What statistical tools are applied in the toothpaste sample project in NCERT Class 11?

The sample toothpaste project in NCERT Class 11 Statistics Chapter 8 Part 2 applies several tools learned through the year. Frequency distribution organises responses by brand and price-range. Tabular presentation displays consumer counts by gender, age and brand preference. Bar diagrams compare brand market shares visually. Pie charts show monthly expenditure shares. Mean and median calculate average monthly toothpaste expenditure. Correlation can link price sensitivity to income level. The project shows how each Class 11 chapter — collection, organisation, presentation, central tendency, correlation, index numbers — is used in a real investigation, integrating the entire course.

How do you write a project report for Class 11 Statistics for Economics?

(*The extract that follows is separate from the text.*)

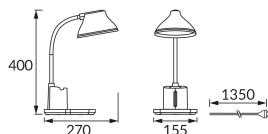

INFORMAČNÝ LIST VÝROBKU
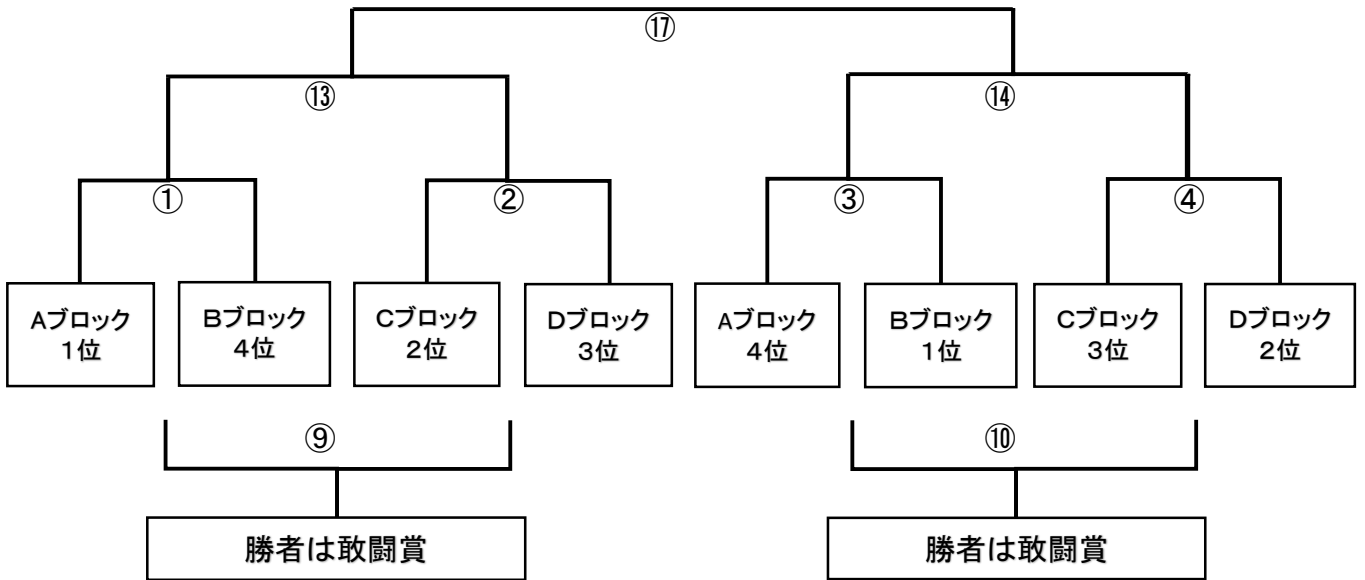

2日目トーナメント表

第1トーナメント

A Class 11 Statistics for Economics project report should be written in clear, formal language and follow the standard sections. NCERT Class 11 Statistics Chapter 8 Part 2 recommends starting with a one-paragraph executive summary, followed by an introduction stating the problem and significance, a methodology section detailing how data was collected and from whom, the findings supported by tables and charts, a discussion connecting findings to economic theory, a conclusion answering the original objective, recommendations or policy implications, a bibliography citing all secondary sources, and an appendix containing the questionnaire and raw data. Word limit is typically 8–12 pages with at least three diagrams and two tables.

What are common mistakes students make in Class 11 Economics statistics projects?

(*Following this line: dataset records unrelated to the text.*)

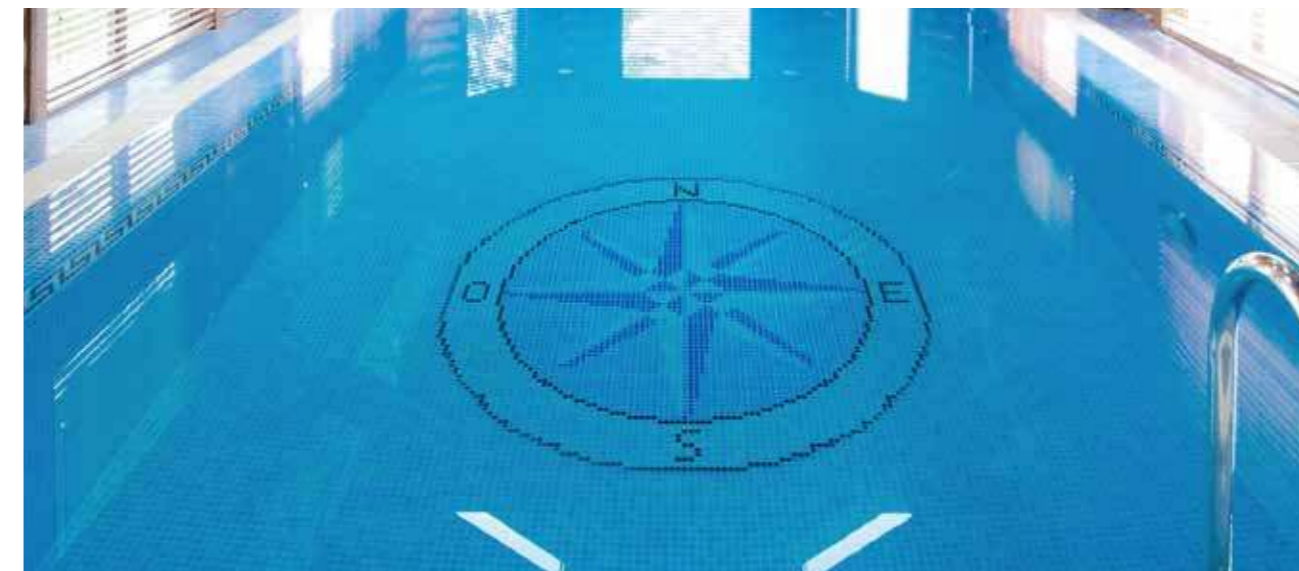

CENEFA N°2
31 x 0,18 cm. | 13,15" x 0,07"
CE02 BNCO-AZFU P1

DELFIN
333 x 133 cm. | 131,10" x 52,36"
DELF25P Q2

DELFINES JUGANDO
300 x 300 cm. | 118,11" x 118,11"
DEJU25P Q1

ROSA DE LOS VIENTOS
267 x 267 cm. | 105,12" x 105,12"
RVGR25P Q3

NCERT Class 11 Statistics Chapter 8 Part 2 highlights five common mistakes in student projects: (1) too narrow or too broad an objective that cannot be tested with the data collected; (2) leading or ambiguous questions in the questionnaire that produce biased responses; (3) sample sizes too small (under 20) or non-representative; (4) presenting raw data without applying any statistical tool, missing the point of the course; (5) drawing causal conclusions from correlational evidence (claiming X causes Y when only association is found). Avoiding these by piloting questionnaires, using random sampling, applying course tools and interpreting carefully produces a much stronger project.

How do you interpret findings in a Class 11 statistics project?

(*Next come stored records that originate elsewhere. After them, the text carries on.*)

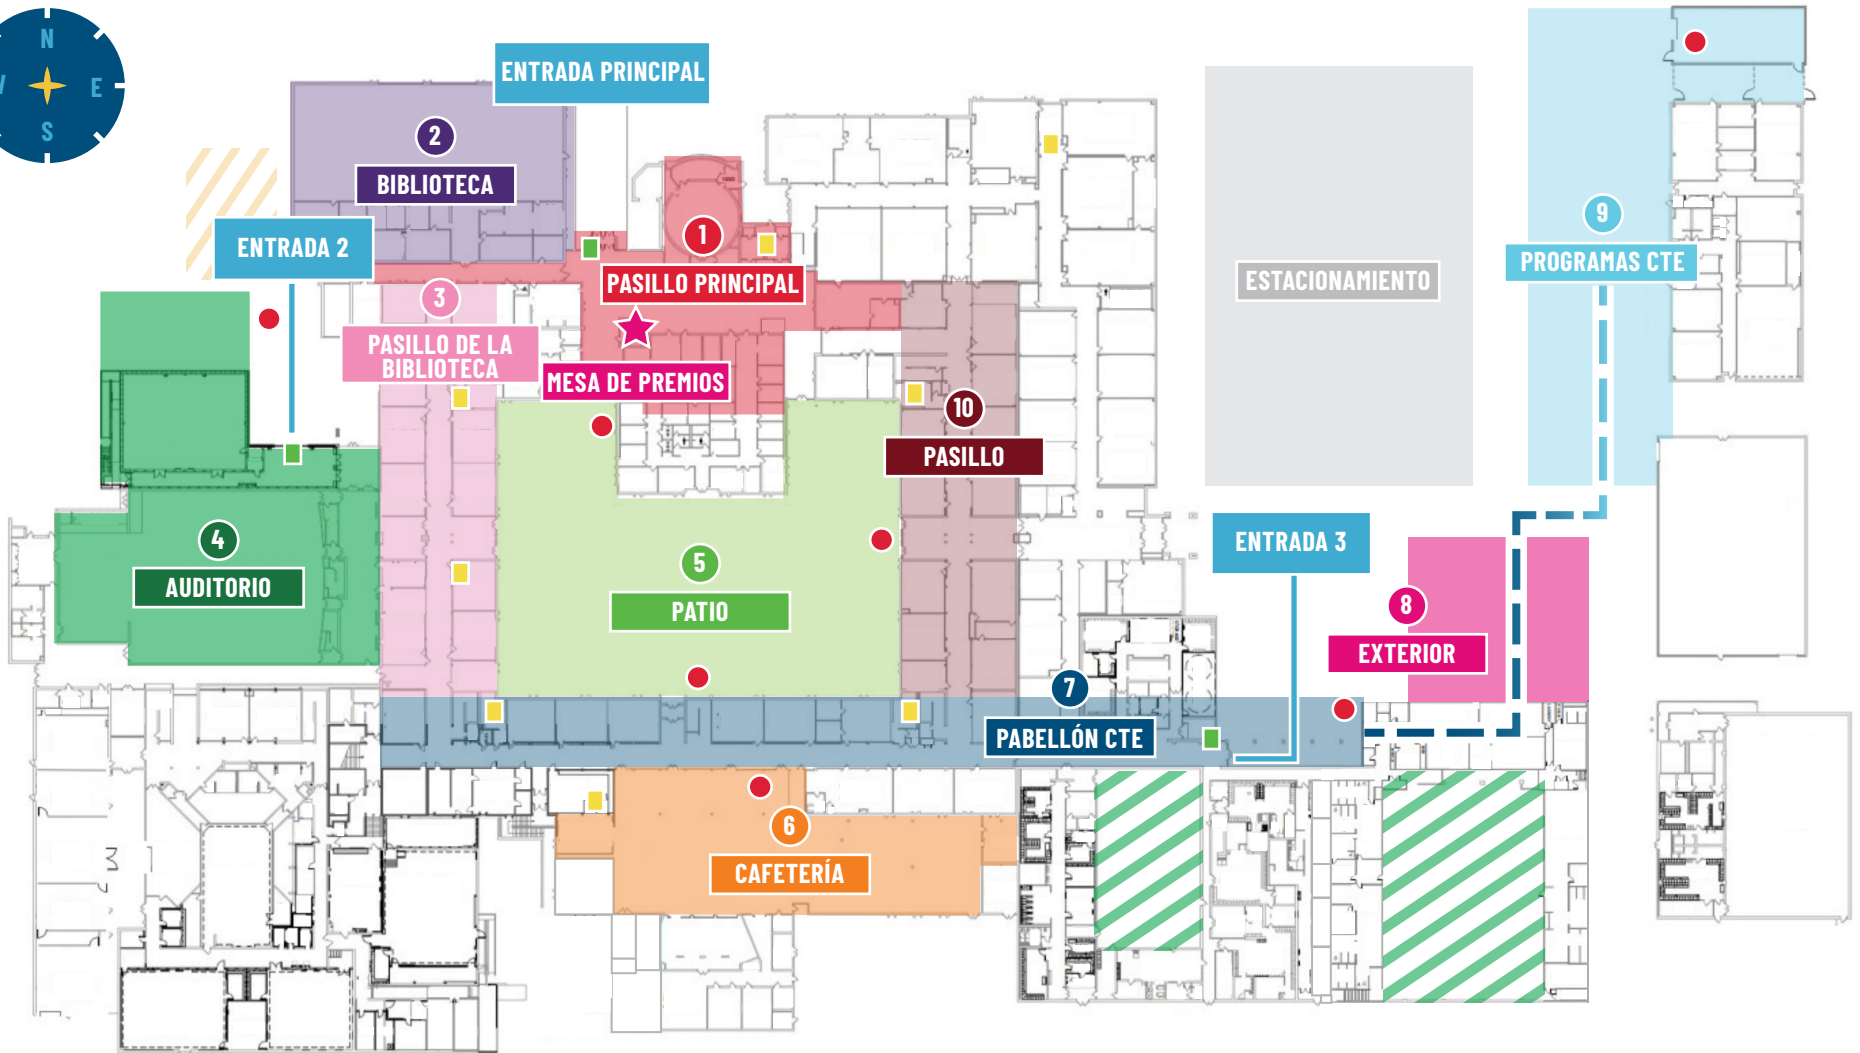

- 5 > Bounce House
- 5 > Paletas/Popsicles
- 5 > Performances
- 5 > Family Activity
- 5 > Pupusas

- 6 > Smoothies - Food and Nutrition Services
- 6 > Face Painter
- 6 > Photo Op

- 7 > CTE Programs
- 7 > Bella Luna Events
- 7 > Sparky (IFD Mascot)
- 8 > Home Depot
- 8 > Gaming Truck (IPD)

- 9 > Vet Tech
- 9 > Petting Zoo
- 9 > Plant Sale

- 10 > Henna
- 10 > Pastries
- 10 > Strolling Magician*
*All Sections
- 10 > Face Painter

KEY

- > Activity
- Entrance/Exit
- > CTE
- Free Baby Supplies
- > Food
- Gym
- PE&CE Table
- ★ Prize Table
- Restrooms
- Water Station

- 8 > Home Depot
- 8 > Camión de juegos (IPD)

- 9 > Tecnología Veterinaria
- 9 > Zoo de Mascotas
- 9 > Venta de plantas

- 10 > Henna
- 10 > Repostería
- 10 > Mago ambulante*
*Todas las secciones
- 10 > Pinta-caritas

**C
L
A
V
E
S**

- > Actividad
- Entrada/Salida
- > CTE
- Artículos para bebés gratis
- > Comida
- Gimnasio
- Mesa PE&CE
- ★ Mesa de premios
- Baños
- Estación de agua

Interpreting findings in a Class 11 statistics project means going beyond reporting numbers to explain what they mean for the original question. NCERT Class 11 Statistics Chapter 8 Part 2 advises: state each finding clearly with the relevant statistic (for example, 'mean monthly toothpaste spend = ₹85'), compare it to context (national averages, expectations), discuss whether the hypothesis is supported, identify possible reasons for the result drawing on economic theory (income effect, brand loyalty), acknowledge limitations of the data (small sample, urban bias), and suggest implications for the marketing or policy question. Good interpretation links statistics to economics and to the real-world decision the project is meant to inform.

Why is the project chapter important in Class 11 Statistics for Economics?

The project chapter is important in NCERT Class 11 Statistics for Economics because it integrates every tool learned through the year — collection, organisation, presentation, central tendency, correlation and index numbers — into a single applied investigation that mirrors real economic research. NCERT Class 11 Statistics Chapter 8 Part 2 turns the abstract formulas into a hands-on skill: framing a question, gathering evidence and arguing a conclusion. This prepares students for board exam project marks, for Class 12 economic research, and for higher studies in economics, statistics, business and public policy where data-driven decision-making is the core competency.